Without changing a word, return the listing below, minus its images.

----- Entries provided -----

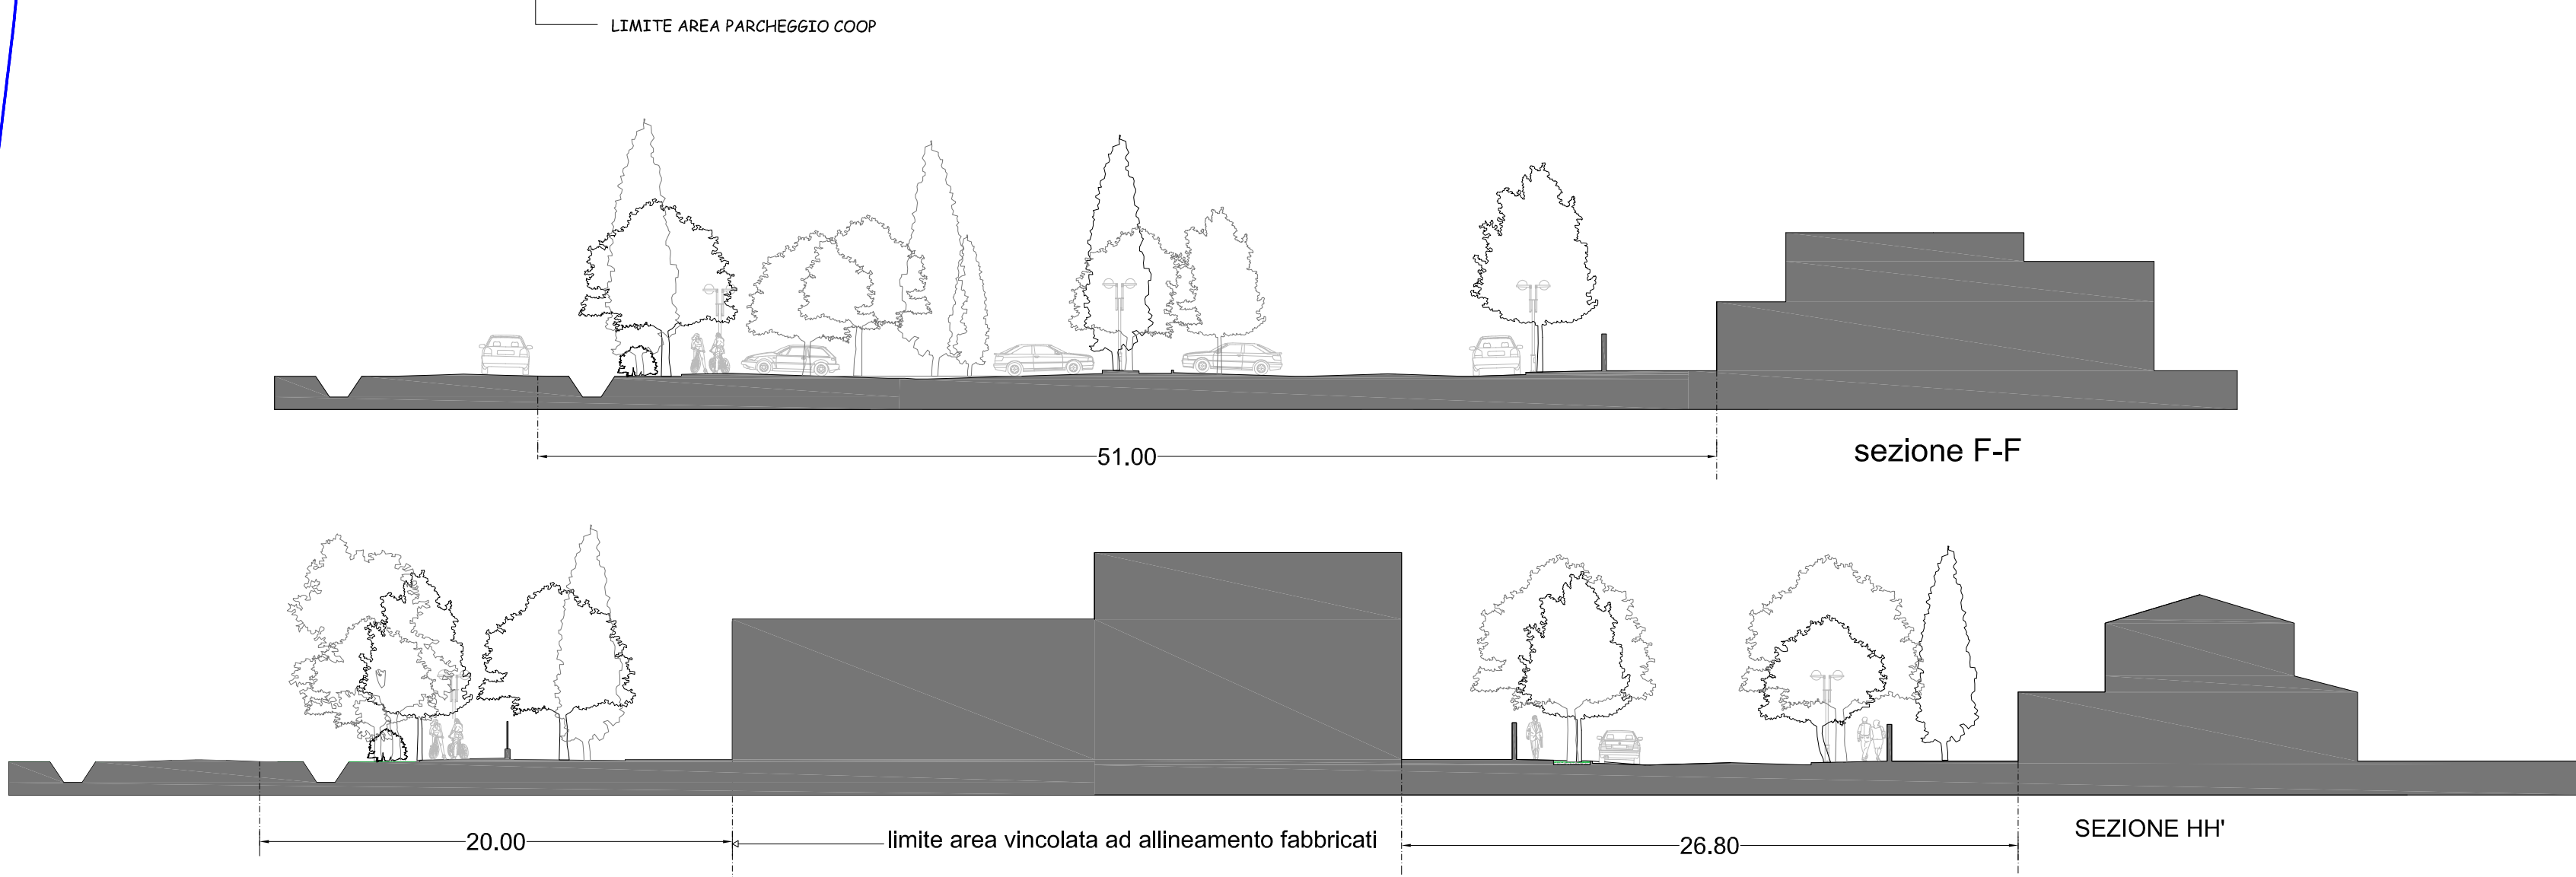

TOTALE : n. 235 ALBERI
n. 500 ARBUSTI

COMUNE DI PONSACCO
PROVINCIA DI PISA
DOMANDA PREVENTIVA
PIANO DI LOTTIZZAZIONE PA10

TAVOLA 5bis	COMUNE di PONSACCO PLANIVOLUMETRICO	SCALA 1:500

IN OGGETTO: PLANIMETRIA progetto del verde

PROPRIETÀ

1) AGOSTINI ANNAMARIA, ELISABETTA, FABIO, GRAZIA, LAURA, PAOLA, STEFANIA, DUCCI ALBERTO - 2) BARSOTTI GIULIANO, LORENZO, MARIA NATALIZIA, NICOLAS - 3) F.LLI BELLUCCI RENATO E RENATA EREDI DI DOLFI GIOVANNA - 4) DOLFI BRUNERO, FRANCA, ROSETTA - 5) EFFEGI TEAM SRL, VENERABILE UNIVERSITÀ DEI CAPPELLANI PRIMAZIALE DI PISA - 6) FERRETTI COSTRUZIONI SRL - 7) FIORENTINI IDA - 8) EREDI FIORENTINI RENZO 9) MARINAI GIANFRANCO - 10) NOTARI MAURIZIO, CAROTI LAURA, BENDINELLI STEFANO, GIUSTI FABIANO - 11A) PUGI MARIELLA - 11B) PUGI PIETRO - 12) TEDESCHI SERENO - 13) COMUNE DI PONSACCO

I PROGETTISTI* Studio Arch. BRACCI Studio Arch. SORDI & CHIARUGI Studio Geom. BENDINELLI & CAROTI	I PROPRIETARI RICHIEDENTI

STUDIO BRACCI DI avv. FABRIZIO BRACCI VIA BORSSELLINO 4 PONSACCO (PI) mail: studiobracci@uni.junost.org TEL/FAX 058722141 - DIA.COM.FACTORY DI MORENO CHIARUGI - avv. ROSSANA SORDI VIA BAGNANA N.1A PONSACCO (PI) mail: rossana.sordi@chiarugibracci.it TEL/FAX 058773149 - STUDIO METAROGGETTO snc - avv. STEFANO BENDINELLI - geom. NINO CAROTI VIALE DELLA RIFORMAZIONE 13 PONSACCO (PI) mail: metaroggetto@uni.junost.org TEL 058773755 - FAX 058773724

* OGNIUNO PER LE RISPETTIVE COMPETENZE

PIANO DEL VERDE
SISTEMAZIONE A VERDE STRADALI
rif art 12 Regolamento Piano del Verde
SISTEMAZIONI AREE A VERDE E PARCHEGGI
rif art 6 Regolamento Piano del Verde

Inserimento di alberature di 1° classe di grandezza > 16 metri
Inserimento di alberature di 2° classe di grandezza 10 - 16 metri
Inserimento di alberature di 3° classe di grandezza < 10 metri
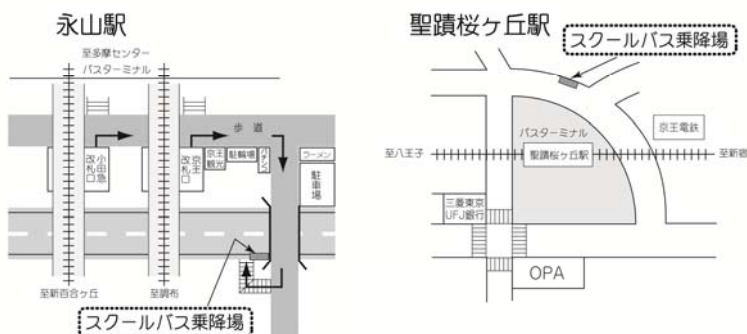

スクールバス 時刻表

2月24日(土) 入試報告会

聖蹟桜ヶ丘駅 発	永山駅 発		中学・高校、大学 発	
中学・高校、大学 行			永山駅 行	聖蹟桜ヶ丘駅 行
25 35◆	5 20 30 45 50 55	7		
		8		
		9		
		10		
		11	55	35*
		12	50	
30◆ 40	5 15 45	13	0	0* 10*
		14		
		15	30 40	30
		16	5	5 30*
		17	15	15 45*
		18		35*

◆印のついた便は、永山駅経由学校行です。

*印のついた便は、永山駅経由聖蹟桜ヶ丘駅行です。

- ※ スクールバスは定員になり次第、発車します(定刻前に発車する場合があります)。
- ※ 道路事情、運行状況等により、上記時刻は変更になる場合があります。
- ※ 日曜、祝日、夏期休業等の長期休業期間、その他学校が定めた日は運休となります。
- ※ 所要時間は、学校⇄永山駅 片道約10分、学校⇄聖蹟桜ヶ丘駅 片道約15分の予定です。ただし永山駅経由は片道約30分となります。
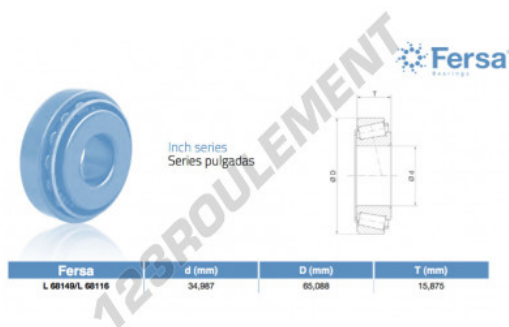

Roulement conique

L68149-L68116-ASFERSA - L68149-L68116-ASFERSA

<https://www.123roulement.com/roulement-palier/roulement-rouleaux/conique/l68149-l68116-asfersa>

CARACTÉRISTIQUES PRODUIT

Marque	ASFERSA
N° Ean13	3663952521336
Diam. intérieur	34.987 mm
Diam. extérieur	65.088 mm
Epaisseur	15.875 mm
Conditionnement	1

-----

Answer space:
TOTALE : n. 235 ALBERI
n. 500 ARBUSTI

COMUNE DI PONSACCO
PROVINCIA DI PISA
DOMANDA PREVENTIVA
PIANO DI LOTTIZZAZIONE PA10

TAVOLA 5bis	COMUNE di PONSACCO PLANIVOLUMETRICO	SCALA 1:500

IN OGGETTO: PLANIMETRIA progetto del verde

PROPRIETÀ

1) AGOSTINI ANNAMARIA, ELISABETTA, FABIO, GRAZIA, LAURA, PAOLA, STEFANIA, DUCCI ALBERTO - 2) BARSOTTI GIULIANO, LORENZO, MARIA NATALIZIA, NICOLAS - 3) F.LLI BELLUCCI RENATO E RENATA EREDI DI DOLFI GIOVANNA - 4) DOLFI BRUNERO, FRANCA, ROSETTA - 5) EFFEGI TEAM SRL, VENERABILE UNIVERSITÀ DEI CAPPELLANI PRIMAZIALE DI PISA - 6) FERRETTI COSTRUZIONI SRL - 7) FIORENTINI IDA - 8) EREDI FIORENTINI RENZO 9) MARINAI GIANFRANCO - 10) NOTARI MAURIZIO, CAROTI LAURA, BENDINELLI STEFANO, GIUSTI FABIANO - 11A) PUGI MARIELLA - 11B) PUGI PIETRO - 12) TEDESCHI SERENO - 13) COMUNE DI PONSACCO

I PROGETTISTI* Studio Arch. BRACCI Studio Arch. SORDI & CHIARUGI Studio Geom. BENDINELLI & CAROTI	I PROPRIETARI RICHIEDENTI

STUDIO BRACCI DI avv. FABRIZIO BRACCI VIA BORSSELLINO 4 PONSACCO (PI) mail: studiobracci@uni.junost.org TEL/FAX 058722141 - DIA.COM.FACTORY DI MORENO CHIARUGI - avv. ROSSANA SORDI VIA BAGNANA N.1A PONSACCO (PI) mail: rossana.sordi@chiarugibracci.it TEL/FAX 058773149 - STUDIO METAROGGETTO snc - avv. STEFANO BENDINELLI - geom. NINO CAROTI VIALE DELLA RIFORMAZIONE 13 PONSACCO (PI) mail: metaroggetto@uni.junost.org TEL 058773755 - FAX 058773724

* OGNIUNO PER LE RISPETTIVE COMPETENZE

PIANO DEL VERDE
SISTEMAZIONE A VERDE STRADALI
rif art 12 Regolamento Piano del Verde
SISTEMAZIONI AREE A VERDE E PARCHEGGI
rif art 6 Regolamento Piano del Verde

Inserimento di alberature di 1° classe di grandezza > 16 metri
Inserimento di alberature di 2° classe di grandezza 10 - 16 metri
Inserimento di alberature di 3° classe di grandezza < 10 metri

スクールバス 時刻表

2月24日(土) 入試報告会

聖蹟桜ヶ丘駅 発	永山駅 発		中学・高校、大学 発	
中学・高校、大学 行			永山駅 行	聖蹟桜ヶ丘駅 行
25 35◆	5 20 30 45 50 55	7		
		8		
		9		
		10		
		11	55	35*
		12	50	
30◆ 40	5 15 45	13	0	0* 10*
		14		
		15	30 40	30
		16	5	5 30*
		17	15	15 45*
		18		35*

◆印のついた便は、永山駅経由学校行です。

*印のついた便は、永山駅経由聖蹟桜ヶ丘駅行です。

- ※ スクールバスは定員になり次第、発車します(定刻前に発車する場合があります)。
- ※ 道路事情、運行状況等により、上記時刻は変更になる場合があります。
- ※ 日曜、祝日、夏期休業等の長期休業期間、その他学校が定めた日は運休となります。
- ※ 所要時間は、学校⇄永山駅 片道約10分、学校⇄聖蹟桜ヶ丘駅 片道約15分の予定です。ただし永山駅経由は片道約30分となります。

Roulement conique

L68149-L68116-ASFERSA - L68149-L68116-ASFERSA

<https://www.123roulement.com/roulement-palier/roulement-rouleaux/conique/l68149-l68116-asfersa>

CARACTÉRISTIQUES PRODUIT

Marque	ASFERSA
N° Ean13	3663952521336
Diam. intérieur	34.987 mm
Diam. extérieur	65.088 mm
Epaisseur	15.875 mm
Conditionnement	1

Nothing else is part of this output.